In October 2004, the World Wide Web Consortium, known as W3C, held a workshop on the Semantic Web for Life Sciences, attended by 115 people from 77 organizations. Attendance was severely limited by space, the size of the applicant list having surprised the organizers.

Why was there such an interest in this conference?

It is commonplace now to say that biology has become an information science. This is partly meant to suggest that we have acquired a computationally tractable model of biology. Genomes interlinked with large masses of bibliographic and other information, are, yes, “computable” beyond operations on unstructured text, in ways that relate to at least one aspect of the actual biology — i.e., by computing on sequence representations. We can search the bibliographic corpus, find processed information related to sequence, and compute on a model of the sequences. All this information is via the Web, which is what makes it broadly useful.

Bizarrely, however, the Web is also relatively impervious to intelligent navigation by software agents. This means, among other things, that as knowledge on a topic becomes richer, our ability to integrate that knowledge deteriorates — despite our capabilities in free-text retrieval.

Google — and its milestone 2004 beta release of Google Scholar — is great, but it is just a search engine. It cannot integrate. Even if all the texts in the world were digitized and retrievable, biologists would still be winnowing them by hand, and still making huge piles of printouts with Post-its stuck to them.

Semantic Snapshot

Enter the Semantic Web. Biologists want to form, in areas of interest, complete, integrated pictures composed from multiple experimental perspectives — essentially a montage of multiple scientific results at many levels of abstraction. What we want is to extend our knowledge by addressing gaps or contradictions in the montage.
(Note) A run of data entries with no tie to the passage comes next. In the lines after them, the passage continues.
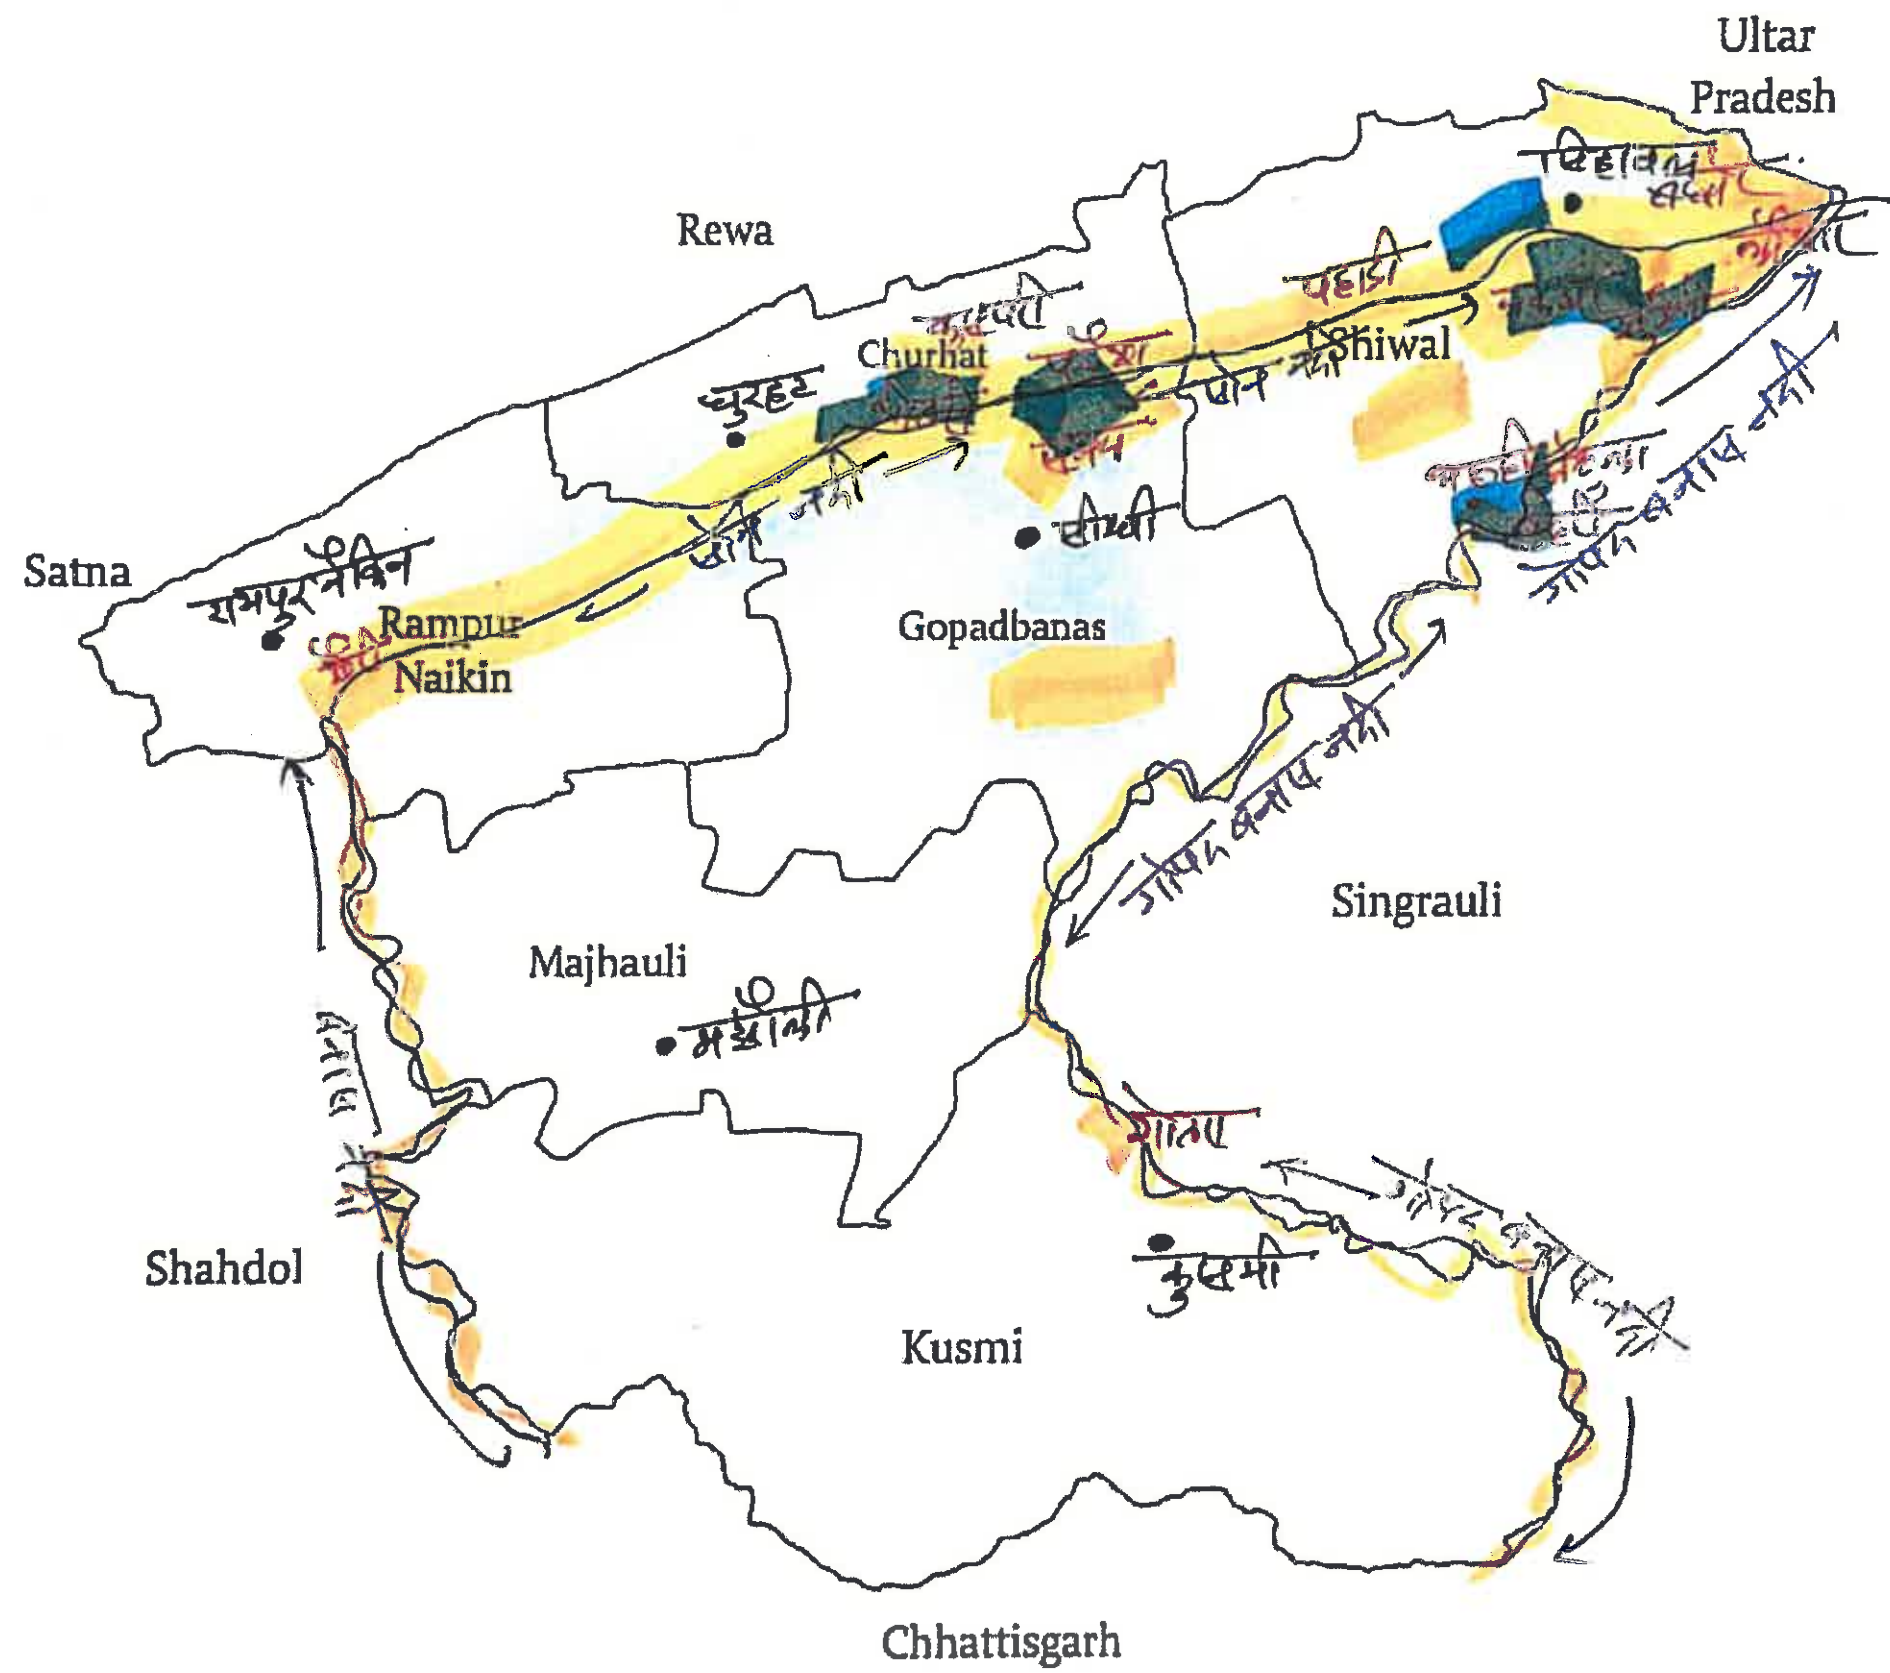

REWA DIVISION

© d-maps.com

Rajasthan

Uttar Pradesh

PHED MECHANICAL DIVISION REWA

Gujarat

Chhattisgarh

Maharashtra

○ → □ Mercator

TEHSIL MAP

REWIA DISTRICT

- GP
- CR
- DTH

Legend

- State Boundary
- District Boundary

जिमा - सीधी

- CR -
- GP -
- DTH

	C.R.
	G.P.
	D.T.H.

1 inch = 8 kilometers

What is the Semantic Web for Life Sciences and how can it help? W3C defines it as “a vision for the future of the Web in which information is given explicit meaning, making it easier for machines to automatically process and integrate information available on the Web.” In other words, the Semantic Web is a web of pages equally understandable to humans and machines that can be computed upon by software agents.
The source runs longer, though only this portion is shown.